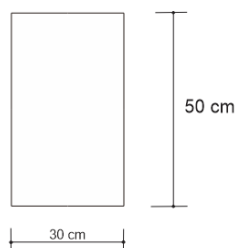

CHARA SIDE TABLE Drinks Tables

DESIGN By Qoqet

Front View

Base View

Top View

Dimensions (mm)

50.71W x 20.50D x 20.50H

Dimensions (Inches)

50.71W x 20.50D x 20.50H

Immerse your space in sophistication with this side table's elegant design, complemented by a parchment top. The seamless brass cladding on the base adds a refined touch, creating a harmonious and timeless addition to your interior.
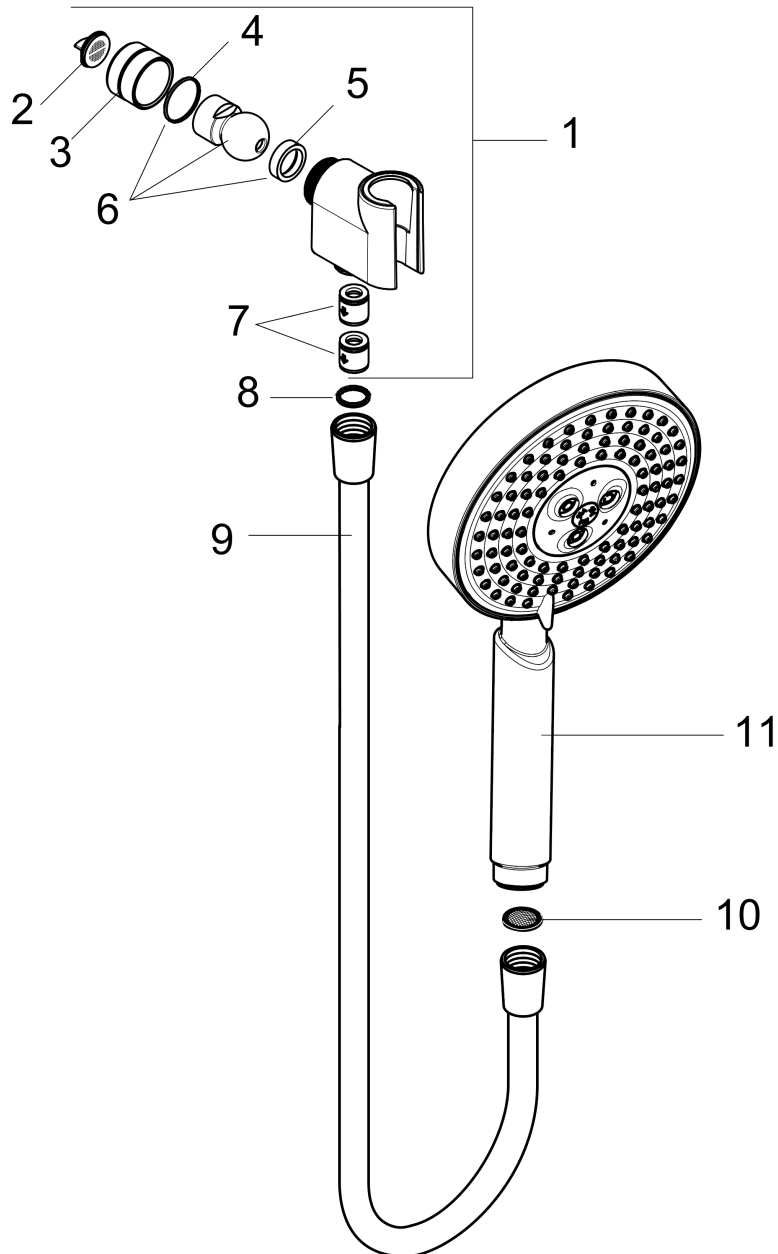

Raindance S

Handshower Set 120 3-Jet, 2.5 GPM

Finishes : **chrome** Part no. : **04187003**

Description

Features

- consists of: Handshower, Handshower holder, Handshower hose
- Spray modes: RainAir, BalanceAir, Whirl
- 26° adjustment
- Flow: 2.5 GPM (9.5 L/Min)

Item details

List Price \$ 291.00

Technology

Compliance

Product image

Scale drawing

Raindance S
Handshower Set 120 3-Jet, 2.5 GPM
 Finishes : **chrome** Part no. : **04187003**

Exploded drawing

Year of production: >11/18

Raindance S

Handshower Set 120 3-Jet, 2.5 GPM

Finishes : **chrome** Part no. : **04187003**

Spare parts list

Year of production: >11/18

Pos.	Description	Part no.	Price	PU
1	support	04580000	-	1
2	filter packing	88649000	-	1
3	nut	97958000	-	1
4	lever collar	97536000	-	1
5	seal	97606000	-	1
6	ball joint	97331000	-	1
7	set of non return valves DW 15	94074000	-	1
8	seal	98058000	-	1
9	shower hose 1,60 m	28276003	-	1
10	filter packing	94246000	-	1
11	handshower	28514001	-	1
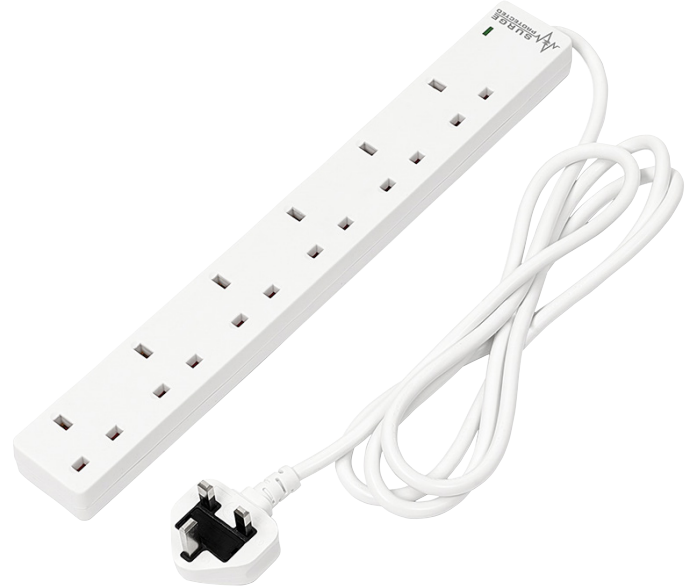

6 Way White Extension Lead, 2m

STOCK No. 30946 **BRAND** Draper

BARCODE 5059482115868

WARRANTY 12 months parts and labour

FEATURES

- 2m cable length provides flexible positioning around desks and rooms
- Wall-mountable design allows tidy and convenient installation
- 13A rated with maximum 3250W load for everyday appliances and equipment
- Suitable for home and commercial indoor use
- Flame-retardant housing improves operational safety
- Fitted with a fused UK 3-pin plug for compliant and reliable connection

DESCRIPTION

Multi-socket extension lead with surge protection for safely powering electrical devices and household equipment. Ideal for home and office use, IT setups, and commercial environments, it features six sockets, built-in surge protection, and a neon power indicator.

Complies with BS1363 and ASTA approved plug standards

CONTENTS

1 x 6 Way White Extension Lead, 2m

SPECIFICATIONS

| | |
|-------------------|----------------------------|
| Number of Sockets | 6 |
| Plug Type | UK 3-pin/Type G |
| Cable | 2m x 3c1.25mm ² |
| Cable Type | H05VV-F 3X1.25SQ.MM |
| Supply Voltage | 230V |
| Current rating | 13A |
| Max Wattage (W) | 3250W |
| Surge Protection | Yes |
| Neon Indicator | Yes |
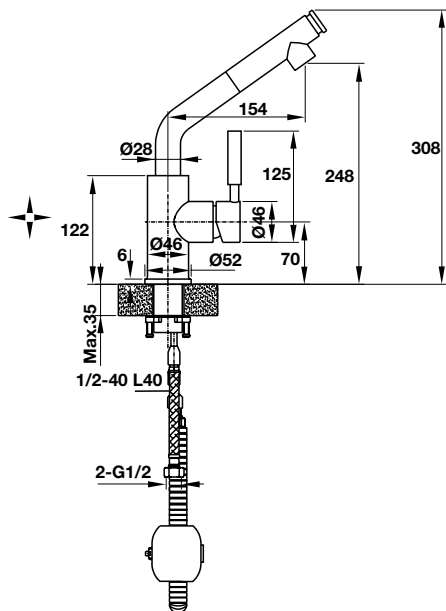

- Chất liệu: đồng bề mặt chrome
- Vòi nóng/ lạnh
- Đầu vòi rửa có thể kéo dài
- Đóng gói: trọn bộ (đã bao gồm dây cấp nước)

- *Material: brass chrome surface*
- *Cold & hot water mixer*
- *Extendable spray head*
- *Packing: full set (hose included)*
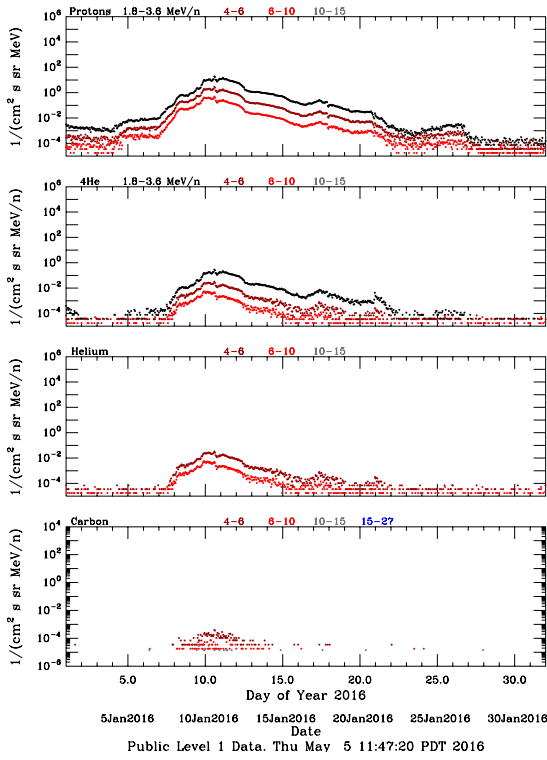

LET Public Level 1 Hourly Averages, for January 2016.

Ahead

Behind

LET Public Level 1 Hourly Averages, for January 2016.

Ahead

Behind
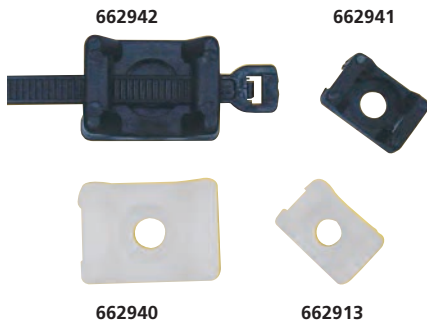

762760 Cable Tie Assortment – Coloured Ties

762914 Cable Tie Assortment – Fluorescent Coloured Ties

C

Cable Tie Accessories – Mounting Pads & Clips

C

Adhesive Backed Mounting Pads

'Saddle'-Type Cable Tie Screw Mounts

Low Profile Cable Tie Screw Mounts

Push Mount Cable Tie Clips

Adhesive Backed Cable Tie Mounts

Techspan nylon cable tie mounts are secured with an adhesive back. The tab keeps the cable tie head from sliding down behind the bundle during vertical applications and maintains placement during horizontal applications. Lead-in feature funnels cable ties into position and countersunk screw hole allows the cable tie to easily pass over the screw head. 4-sided entry with centre screw hole.
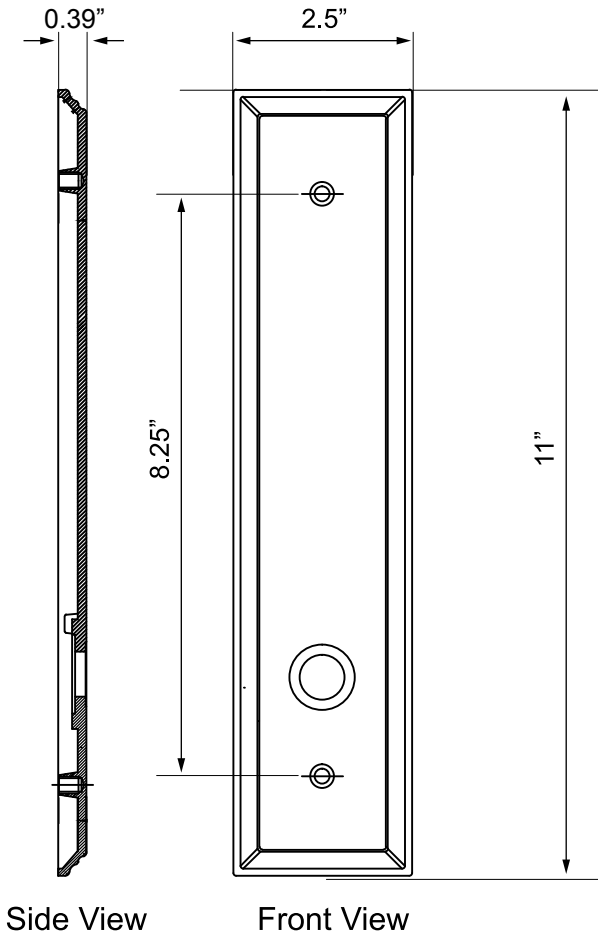

## Carré Tall Plate

- > Collection: Grandeur
- > Design code: CAR
- > Material: Forged Brass

Carré Tall Plate with Circulaire Knob in Antique Pewter

_PROBLEM TO WORK ON_: Look through the material above and pick out each line holding the word "home".

_SOLUTION TO THE PROBLEM_:
- Suitable for home and commercial indoor use
Multi-socket extension lead with surge protection for safely powering electrical devices and household equipment. Ideal for home and office use, IT setups, and commercial environments, it features six sockets, built-in surge protection, and a neon power indicator.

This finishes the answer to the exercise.